Description of the task:
Set down exactly each line of the entries below, beginning at the one that contains "Color Temperature (°K): [3000" and ending at the last, and no others.

Records to use:
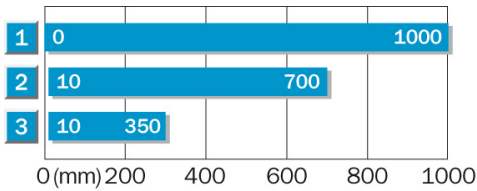

Technical data

Design:	Rectangular
Dimensions (W x H x D):	11 mm x 38 mm x 23 mm
Supply voltage min ... max:	DC 10 ... 30 V ¹⁾
Ripple:	± 10 %
Power consumption:	≤ 40 mA
Switching output:	NPN: open collector: Q
Switching mode:	Light/dark switching via rotary switch
Output current max.:	100 mA
Response time:	≤ 0.5 ms
Switching frequency:	1,000 Hz
Connection type:	Connector, M8, 4-pin
Circuit protection:	V _S connections reverse-polarity protected/In-/outputs short-circuit protected/Interference suppression/Outputs overcurrent and short-circuit protected
Enclosure rating:	IP 67: EN 60529, IP 69K: EN 40050
Ambient operation temperature, min ... max:	-25 °C ... ++55 °C

1) Limit values, reverse-polarity protected, operation in short-circuit protected network: max. 8 A

Masszeichnung

Einstell-Möglichkeiten

Anschluss-Schema

Schaltabstand-Diagramm

■ Operation distance

- | | |
|---|---|
| 1 | Scanning range on white, 90 % reflectance |
| 2 | Scanning range on grey, 18 % reflectance |
| 3 | Scanning range on black, 6 % reflectance |
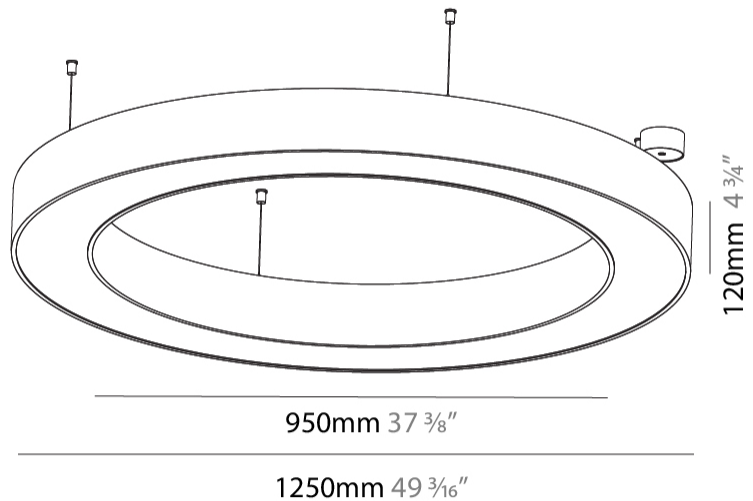

GENERAL

Series: Glorious
Subseries: Glorious
Brand: Prolicht
Division: Architectural
Mounting Type: Suspension
Mounting Location: Ceiling
Subcategory: Ambient

PHYSICAL

Shape: Round
Diameter (mm): 1250
Diameter (in): 49 ³/₁₆
Height (mm): 120
Height (in): 4 ³/₄
Max. Overall Height (mm): 2120
Max. Overall Height (in): 83 ⁷/₁₆
Light Distribution: Direct
Weight (kg): 12.847
Weight (lbs): 28.26
Diffuser: [PMMA - Opal or Micro-Prism](#)
Fixture Finish: [SSR / BKV / CWI / CRY / HAB / LAG / UFT / ITA / RUA / RUR / MIC / FTG / MYG / TWT / LOD / PUS / FRO / FUP / KIA / POP / BLS / SPG / MEY / GOH / GUM / CHC / COM / ABZ / JAG / OBR / MOS / ROR](#)
Fixture Material: Aluminum

ELECTRICAL

Lamp Type: LED (Zhaga Standard)
Input Wattage (W): 60
Total Output Wattage (W): 48 / 38.4 (3500K)
Dimming: [Non-Dimming / Phase Dimming (120Vac only) / 0-10V Dimming](#)
Driver Included: Yes
Driver Location: Integrated
Driver Type: Constant Current
Driver Class: Class 2
Input Voltage (V): 120 - 277
Constant Current (MA): 350 / 1200 (3500K)

LED

Color Temperature (°K): [3000 / 3500 / 4000](#)
Max. Delivered Lumen (lm): 5540 / 5733 / 5850
CRI: >80 CRI
Efficiency (%): 0.65
Lamp Life (hrs): 50000

OPTICAL

RATINGS AND CERTIFICATIONS

Certified By: Certified for North American Standards
IP rating: IP20

Result below:
Color Temperature (°K): [3000 / 3500 / 4000](#)
Max. Delivered Lumen (lm): 5540 / 5733 / 5850
CRI: >80 CRI
Efficiency (%): 0.65
Lamp Life (hrs): 50000

OPTICAL

RATINGS AND CERTIFICATIONS

Certified By: Certified for North American Standards
IP rating: IP20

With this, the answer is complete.